An increasingly large number of U.S. cities and states are facing a looming crisis after a funding hold in public pension systems soared by $432.0 billion. This is raising fears that some of America’s biggest cities and most populous states could face a Detroit-style bankruptcy.
According to the most recent data, U.S. public pension funds face a $3.85 trillion shortfall when it comes to paying the retirement benefits of current and retired workers. The issue is especially dire for a city like Chicago that has an unfunded pension liability equal to 19 years of the city’s tax revenues.
Chicago is not alone; major cities like Dallas, Fort Worth, New Orleans, and Philadelphia also have large, underfunded pension liabilities. Meanwhile, states such as Illinois, Kentucky, Hartford, and New Jersey face bankruptcy as expenses seriously outpace revenue growth.
Massive pension deficits have already helped push several major U.S. cities, including Detroit, into bankruptcy. Most recently, Puerto Rico, a U.S. territory, declared a form of bankruptcy after amassing pension obligations and debt of $123.0 billion.
Where structural deficits can be solved over time, pension deficits require an immediate influx of cash so the cities and states can pay their bills. To avoid bankruptcy, politicians will need to make tough, unpopular decisions to stave off future financial troubles. To fund public retirement plans, politicians may have to resort to raising taxes or cutting pensions benefits.
As it stands, though, municipalities and states are not willing to make tough decisions on public pensions. Of the 649 pensions plans studied for the 12 months ended June 2015, no U.S. city or state is running a balanced budget with regards to their pension plans.
A spokesperson for Orrin Hatch, chairman of the U.S. Senate finance committee, said this, “further underscores the financial risks of the nation’s public pension crisis and the need to act on smart policies that will help secure retirement programmes for Americans that work for state and local governments.”
Not everyone believes there is a crisis. Hank Kim, executive director of the National Conference on Public Employee Retirement Systems, said, “Pension funds are resilient if left alone.” (Source: Ibid.)
That hasn’t been the case of late, though. Pension funds estimate their liabilities based on future returns, and U.S. public retirement plans use an average annual return of more than seven percent.
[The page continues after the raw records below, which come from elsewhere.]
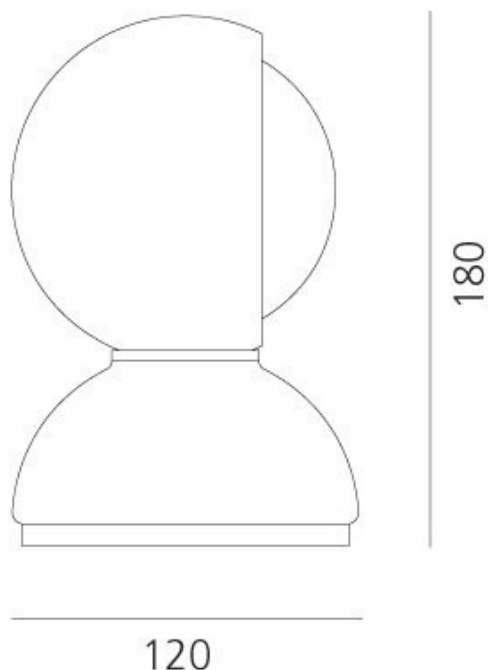

## **DIMENSIONS**

**Height: 180mm**

**Diameter: 120mm**

**Base Diameter: 120mm**

0207 924 2055  
sales@superlites.co.uk  
www.superlites.co.uk

**Eclisse, designed by Vico Magistretti in 1965 and awarded the Compasso d'Oro in 1967, has become a global icon of Italian design. A pioneering balance of form and function, design and utility, Eclisse stands out for its clever light control system: with a fixed outer shell and a rotating inner shade, the lamp allows the light source to be "eclipsed," offering both direct and diffused illumination.**
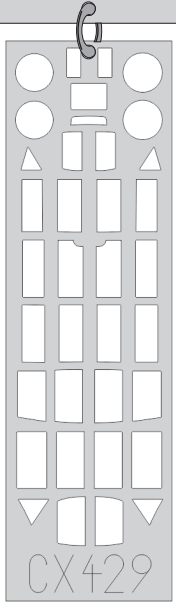

eduard
MASK

CX 429

B5N2 Kate 1/72

The die-cut mask for accurate canopy frame painting of the
Airfix A04058 scale 1/72 KIT

1.)

2.)

F01

F08

?

F05

F06

F04

3.)

However, in the fiscal year ended June 2015, public pension plans generated average annual returns of under 2.9%.
In fiscal 2016, the funding deficit of public pensions was forecast to increase to $4.0 trillion. Because of the resilient stock market, the funding deficit for public pensions has been flat in 2017.
The large and increasing pension deficit could spell trouble for cities and some states as investors lose confidence and step back from buying the bonds of those cities and states. Large pension deficits also impact how much cities pay for essential services like schools and roads.
Many do not believe the underfunded pension deficits will lead to municipal or state bankruptcy and believe it will work itself out. But history is not on their side.
“US faces crisis as pension funding hole hits $3.85tn,” Financial Times, May 14, 2017.